Dans ce même salon, voici un parent marchant nu-pied avec insouciance… quand tout à coup ses orteils butent violemment contre… allez, au hasard : un jouet abandonné. Aïe ! La réaction de l’adulte impliquera inévitablement la parole (P..ain de m…de qu’es-ce que f… ce p…ain de jouet à la c… au milieu du salon ! p..ain j ai mal m…de*). L’enfant n’a pas cette capacité (ni ce vocabulaire, j’espère)

Et là je pourrais glisser tout naturellement sur le système limbique et le rôle du néocortex dans la maîtrise des émotions, le problème pour les parents étant que le néocortex n’acquiert un peu de maturité que vers l’âge de raison (y a pas de hasard ma p’tite dame). Mais ce n’est pas le sujet.

Reprenons. L’enfant ne pouvant exprimer son ressenti par la parole, que fait-il ? Il pleure. Quelle est la réaction classique des adultes face à ces pleurs ? Le réconforter en lui assurant que ça va passer, que ce n’est pas grave, lui fourrer sa tétine dans la bouche. Autrement dit, nier son ressenti (car pour lui, si, c’est grave)

Pourquoi l’empêcher ainsi de s’exprimer ? Hein, pourquoi ? Parce que ça casse les oreilles. Pas faux. Et que ça fait mal au cœur de les voir pleurer. J’acquiesce. Qu’en plus y a de la morve qui coule et toussa. Très vrai. M’enfin faut quand même le laisser s’exprimer. Si, si.
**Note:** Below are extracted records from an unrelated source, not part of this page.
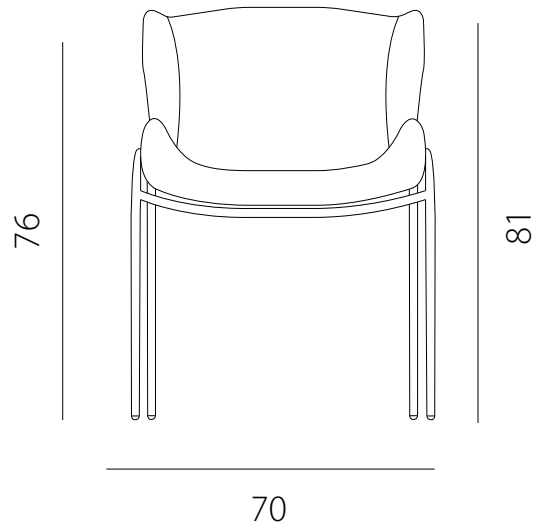

art. GNSB

L 54 x P 56 x H 81 cm / Hs 48 cm

SEDIA VISTA FRONTALE / front view chair

SEDIA VISTA LATERALE / side view chair

art. GNCB

L 54 x P 56 x H 81 cm / Hs 48 cm - H bracc. 76 cm

SEDIA VISTA FRONTALE / front view chair

SEDIA VISTA LATERALE / side view chair

art. GCNC

L 70 x P 65 x H 81 cm / Hs 45 cm - H bracc. 76 cm

SEDIA VISTA FRONTALE / front view chair

SEDIA VISTA LATERALE / side view chair

art. GBNS

L 54 x P 56 x H 102 cm / Hs 65 cm

SEDIA VISTA FRONTALE / front view chair

SEDIA VISTA LATERALE / side view chair

art. GBNS

L 54 x P 56 x H 112 cm / Hs 75 cm

SEDIA VISTA FRONTALE / front view chair

SEDIA VISTA LATERALE / side view chair

Thor qui pleure après avoir tapé trop fort sur son marteau, par Alberto Varanda

Parfois, il pleure alors qu’il sait parler. Là, c’est tout simplement comme les adultes : l’émotion est trop forte, pleurer fait du bien. Les scientifiques supposent que pleurer permet d’évacuer des hormones de stress. D’autres expliquent que pleurer libère des endorphines (hormones du bien-être).

Pourquoi ne s’exprime-t-il pas par la parole ? Soit parce qu’il ne sait pas parler (trop jeune, handicap…), soit parce qu’il n’a pas acquis le vocabulaire permettant de nommer et reconnaître ses émotions. Ah ah, nous entrons encore dans un autre sujet là. On verra ça dans un autre article. 

Attention, je ne parle pas de laisser pleurer un bébé qui demande de l’attention, a faim, froid… Juste de ne pas nier ses sentiments quand il pleure parce qu’il a mal, a eu peur, est triste… S’il pleure, les adultes autour de lui peuvent l’aider. Un câlin plein d’empathie et de compassion, en lui disant qu’on comprend, ou bien qu’on ne comprend pas mais qu’on voit qu’il va mal, et qu’il peut pleurer si ça lui fait du bien. Chez nous, 20 à 45 secondes suffisent (même si le câlin peut se prolonger).

Tout ceci m’évoque la méthode Solter : 

« Les pleurs sont « un mécanisme naturel de soulagement du stress, qui permet aux enfants de se remettre des effets d’expériences effrayantes ou frustrantes vécues antérieurement ». L’affirmation de ce besoin fondamental de l’enfant implique par conséquent le respect de ces larmes et rejette donc le comportement habituel qui vise à vouloir calmer l’enfant à tout prix. » Extrait de cet article sur Les Vendredis Intellos (VI).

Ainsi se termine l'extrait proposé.